● The task:
Among the entries that follow, tally the lines with the string "MONTADO". Give no more than the number.
┄┄┄┄┄┄┄┄┄┄
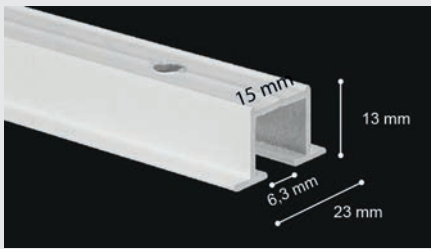

RIEL CUBA CORDÓN - CORREDERA NORMAL CORTADO Y MONTADO A MEDIDA

MEDIDAS	1,00	1,50	2,00	2,50	3,00	3,50	4,00
CORDÓN							
SOPORTES	1	1	1	2	2	3	3

RIEL CUBA CORDÓN - SISTEMA ONDA PERFECTA CORTADO Y MONTADO A MEDIDA

MEDIDAS	1,00	1,50	2,00	2,50	3,00	3,50	4,00
CORDÓN O. PERFECTA							
SOPORTES	1	1	1	2	2	3	3

MODELOS 1 - 2 - 3 - 4

MODELOS 5 - 6 - 7 - 8

MODELOS 9 - 10

PARA VER MODELOS DE CURVAS: PÁGINA ?

Posición Soportes ■

RIEL VIGO

(RIEL ENCASTRABLE)

Riel diseñado para permanecer oculto tras su instalación, quedando a ras del techo.
(Techos de pladur, tambores de persiana, etc.)

RIEL VIGO

CAJA	UNID. CAJA	UNID. SUELTA
120 mts.
┄┄┄┄┄┄┄┄┄┄
● Worked solution:
2